Every Mother's Dream

by Lynda Lynch

 Every mother's dream was to have their child pass their 11+. I remember the tests but not where I sat them. I loved the IQ tests, and to my parents pleasure I passed to go to a Technical School. Having just missed out on Grammar, my parents "choice of 3" schools in order were put forward. I know they were nearly all "girls" schools. But they desperately wanted me to go to Fallowfield Technical Grammar School. Elsie Tanner went there, you know, and whoever owned the corner shop at that time. (In Corrie of course, whenever this conversation took place.)

Well I got "MY" (or their) 1st choice. The uniform was the weirdest shade of brown. The only place you could buy it was in Manchester. The blazer had an embroidered pocket, so you could not even try to match the colour and buy a badge. I remember even now the gabardine had to virtually reach my toes, and it was £13-00. 1958 and £13-00 for a gabardine!
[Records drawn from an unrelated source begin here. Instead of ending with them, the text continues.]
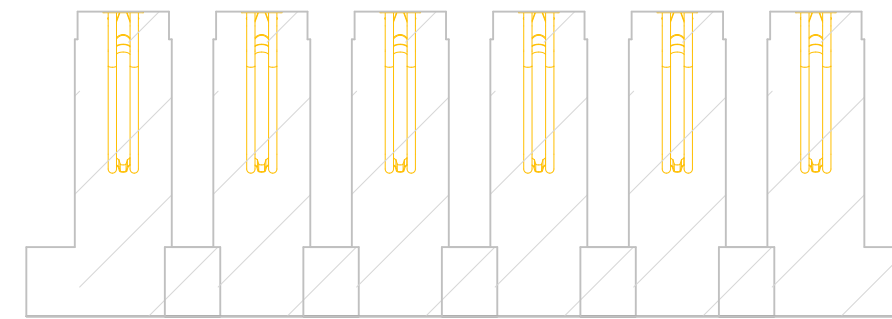

**CRADLE II  
WALL MOUNTED**

2250mm/7'5" MIN. ROOF  
1500mm/4'11" AISLE  
500mm/1'8" SPACING  
(400mm/1'4" EU AND US)

1 BLOCK COUNTS 1  
BIKE

**FRONT VIEW**

**SIDE VIEW**

**PLAN VIEW (AU)**

**PLAN VIEW (EU / US)**
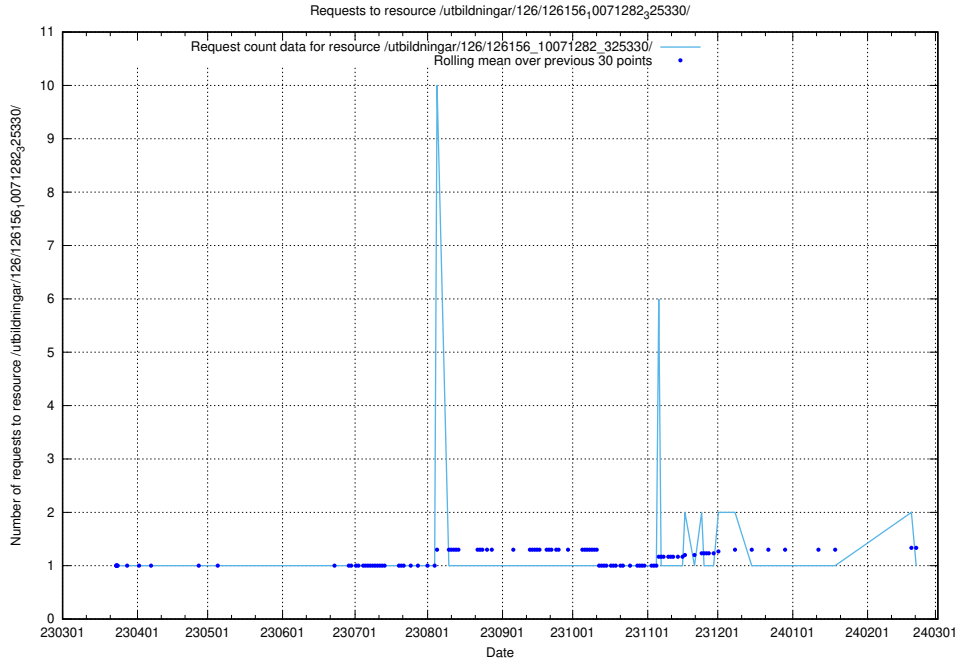

5.6404 Usage of /utbildningar/126/126156_10071282_325330/

Here, we count the number of requests to resource /utbildningar/126/126156_10071282_325330/.
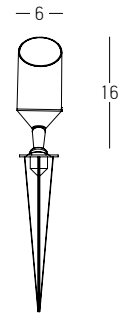

Bulb 1x GU10 LED
Power 7W MAX
Input 220-240V, 50/60Hz
IP 54
Dimensions Ø: 8.6cm L: 15.5cm H: 7.3cm
Material ABS - Tempered Glass
Special Feature 30cm Cable Available
Movable Spot
Spike Included
Color Black / **Code E310**

Bulb 1x GU10 LED
Power 5W MAX
Input 220-240V, 50/60Hz
IP 65
Dimensions Ø: 6cm H: 16cm
Material ABS - PC Diffuser
Special Feature 30cm Cable Available
Movable Spot
Spike Included
Color Black / **Code E217**

A straw boater for summer, a velour hat for winter; indoor shoes, outdoor shoes; the list was endless. My parents must have been really stretched as Graham was only 2 years old.

The school was very strict, and as it was owned and attached to the Church "Holy Innocents", it only had a small intake, and a full total of 500 max. girls. My year being the bulge year was the highest intake. Also the standards for entry had to be higher to keep numbers limited. It was unbelievably strict, and having been to the Mission, it was no great shock at the religious end of the scale. Well it shouldn't have been, but the Magnificat in Latin, assemblies in church every week, as well as daily assemblies, all ere very overwhelming. Going to school on Saints Days and nights, detention if you didn't. But I loved reading and acting and I excelled at church readings and the choir. Singing in St. Annes Church and always doing the readings. Waiting for the echo to bounce back before you read on.
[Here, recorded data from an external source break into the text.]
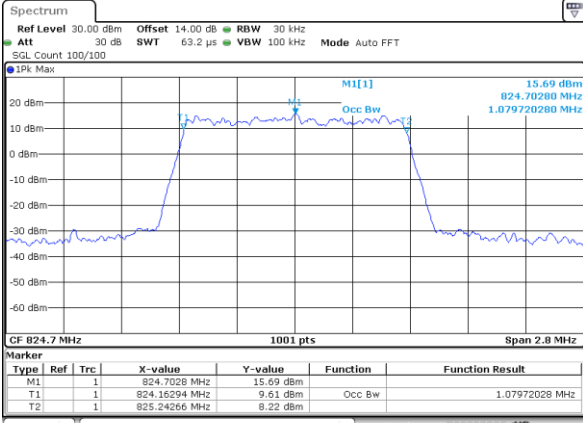

Date: 21\_SEP\_2017 05:51:45

Highest Channel / 20MHz / 64QAM

Date: 21\_SEP\_2017 06:00:10

LTE Band 5

Lowest Channel / 1.4MHz / QPSK

Date: 21\_SEP.2017 22:10:47

Lowest Channel / 1.4MHz / 16QAM

Date: 21\_SEP.2017 22:10:57
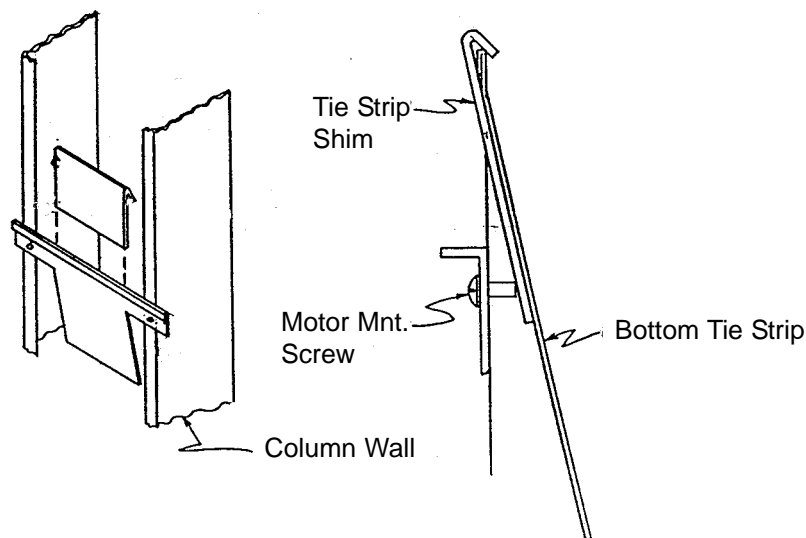

MODELS: 510 & 609 3 Deep Vendors (See Note Below)

KIT NUMBER	KIT DESCRIPTION
201120	Shim Kit for 510 & 609 Venders With Sold Out Paddles
201197	Shim Kit for 510 & 609 Venders Without Sold Out Paddles

BEFORE WORKING ON VENDER: Remove power from vender by unplugging vender's main power cord from the AC voltage power source (wall outlet).

NOTE: All 510, 540, 609, & 630 three deep models can be identified on the serial plate as 1352XX-XXXX and less. 1352 and greater are three deep **"plus"** models and are 1/2" deeper.

Instructions:

1. Install backspacers in hole #17. Product will vend triple deep.
2. When converting **wide** columns: Install a tie strip shim (011,189,013 included in kit #201197) in each column being used to vend 12 oz. cans. Use these only if sold out paddles are **not** present in wide columns.
3. When converting narrow columns: All venders with serial number equal to or lesser than 1308XX-XXXX were built without shim rods and springs.
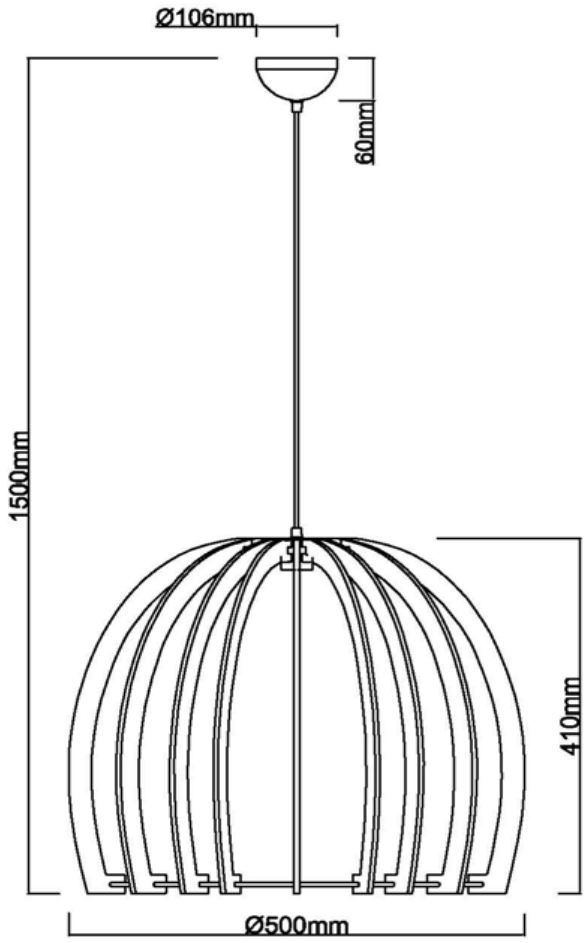

Arnsberg

Product Specification Sheet

Item Number:
Created:
Version - Updated:

R30255027
June 21th, 2017
1.2 - 04/04/2018

Group/Lifestyle Name:

WOOD

Available Finishes

White

Dimensions and Materials:

Width 20"
Overall Height 16 + Cord
Cord Length 7 foot
Canopy Size 4 3/4" dia x 1" H

Material Wood

Electrical Specifications:

Light Source E26
Total Wattage 100W
Dimmability Fully Dimmable
Input Voltage 120V
Safety Rating (Location) Dry
Warranty 5 Years
Certification ETL

Shipping Information:

Weight 5.3 lbs
Carton Length 20"
Carton Width 20"
Carton Height 8"
Shipping Method UPS
Quantity Per Carton 1

R30255027
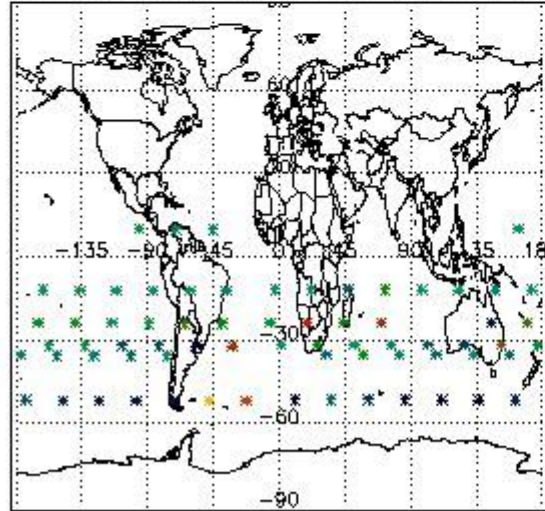

3.1 Plot quality information per product (time dependant)

3.2 Plot quality information per product (world map)

Percentage of flagged data per O3 profile

Percentage of flagged data per H2O profile

Percentage of flagged data per NO2 profile
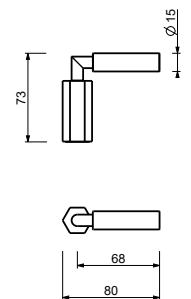

Chrome 29 02 N547
Polished Nickel PVD 29 95 N547
Matt Gun Metal PVD 29 P5 N547
Matt British Gold PVD 29 P6 N547
Matt Copper PVD 29 P9 N547
Golden Look PVD 29 S9 N547
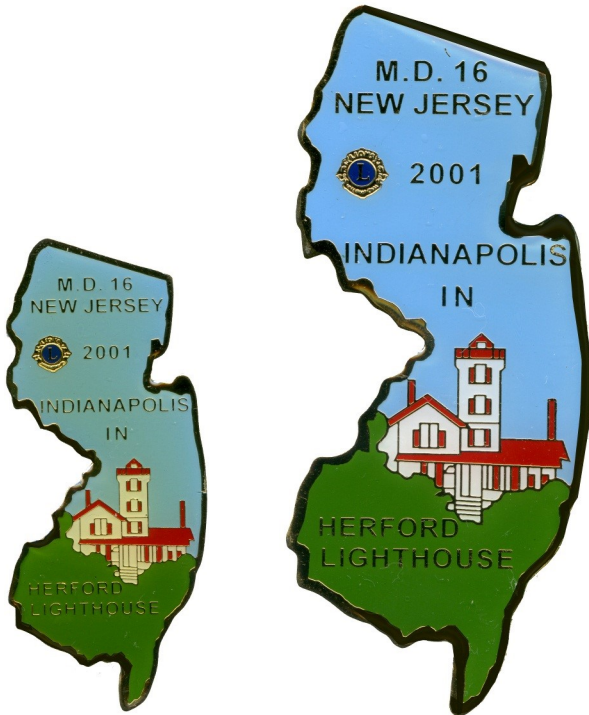

2001 P

NEW JERSEY - MD 16

2001
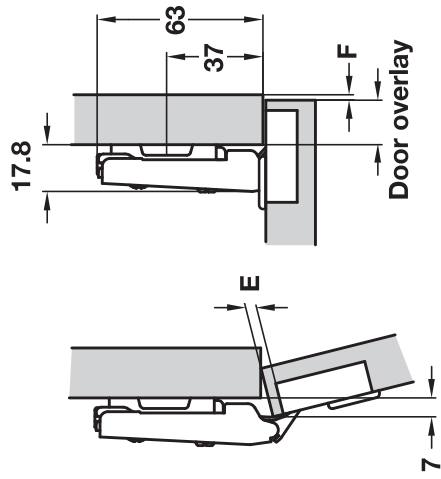

## Full overlay mounting, standard adjustment

Door overlay mm

13 14 15 16 17 18

3 4 5 3 4 5 0

3 4 5 3

Distance to cup E mm

Mounting plate height mm

Fixing

Click on

Slide on

Screw fixing

312.20.550

312.00.550

But at home it was difficult, no place to study and every time I walked down my street, it was pure embarrassment. The uniform did not really go down well in a 2 up 2 down property, or with the local kids. I didn't mix well for a while, most kids had left school or gone on to secondary school. I was classed a snob. This was a complex situation because at school it was the total opposite.

AT the age of 16 I moved to Haughton Green, which would make things easier you would think. But it meant 3 buses until they introduced a school bus from Belle Vue. Not bad for a travel sick child! The opposite meant that when they introduced the school buses, there were 3. One went to Sale/Bramhall, one went to Belle Vue, and I can't remember where the other one went, probably Wilmslow or Cheadle. Well we all knew who got on the Belle Vue bus. The Paupers, the dregs of society. At the Haughton Green end of the journey I used to get off the bus 3 stops before I needed to. This was the old terminus, before the council estate was built. Say no more! Whilst in Holt Street I still vividly remember taking off my outdoor shoes to find a squashed prune inside it. Flattened black, but not a prune at all, but that is what I said it was.

You try walking from Longsight Library to Holt Street in a straw boater with flowing brown ribbon, or a velour hat. Or even a skirt down to your ankles in the mini skirt era. Or on second thoughts, don't. Perhaps it was envy at not being able to dress like that, or the fact that I'd passed the 11+ when others didn't. Whatever it was, I was an outcast until my teen years. At 15 1/2 I hit the streets. Clubs were beckoning, but I was still a snob in their eyes. It all made not one jot of difference as we all become semi-normal adults. Just some of us had more hang-ups than others regarding their "roots". Only now do I feel I have accepted them, but I am far removed from Manchester, my roots, and my upbringing. I feel I have only been moulded since I moved here and I don't really feel like I belonged there now. Our lives are very different.